== Segment start ==
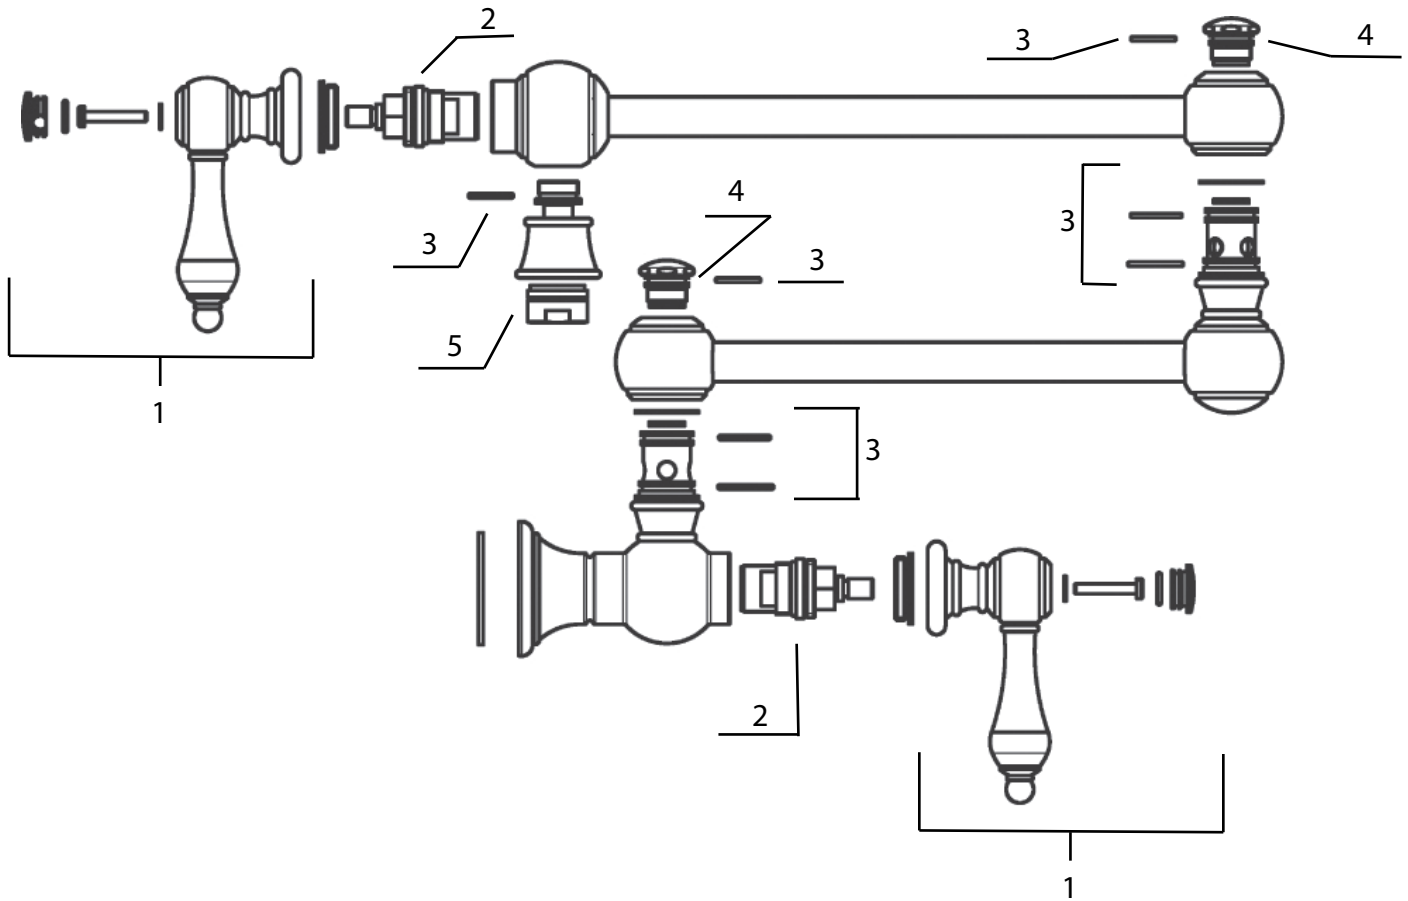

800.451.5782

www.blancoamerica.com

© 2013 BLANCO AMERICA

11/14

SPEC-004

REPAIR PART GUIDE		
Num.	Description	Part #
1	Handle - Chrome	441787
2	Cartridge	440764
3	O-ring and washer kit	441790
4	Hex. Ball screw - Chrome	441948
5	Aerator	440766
== Segment end ==
== Segment start ==
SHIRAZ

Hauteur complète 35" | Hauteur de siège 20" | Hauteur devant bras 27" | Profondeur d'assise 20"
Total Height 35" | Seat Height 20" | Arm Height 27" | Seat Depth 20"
== Segment end ==
> [What you will do]:
The required reply is the count of lines in the entries above where the string "Chrome" appears, and nothing more.

> [Written response]:
2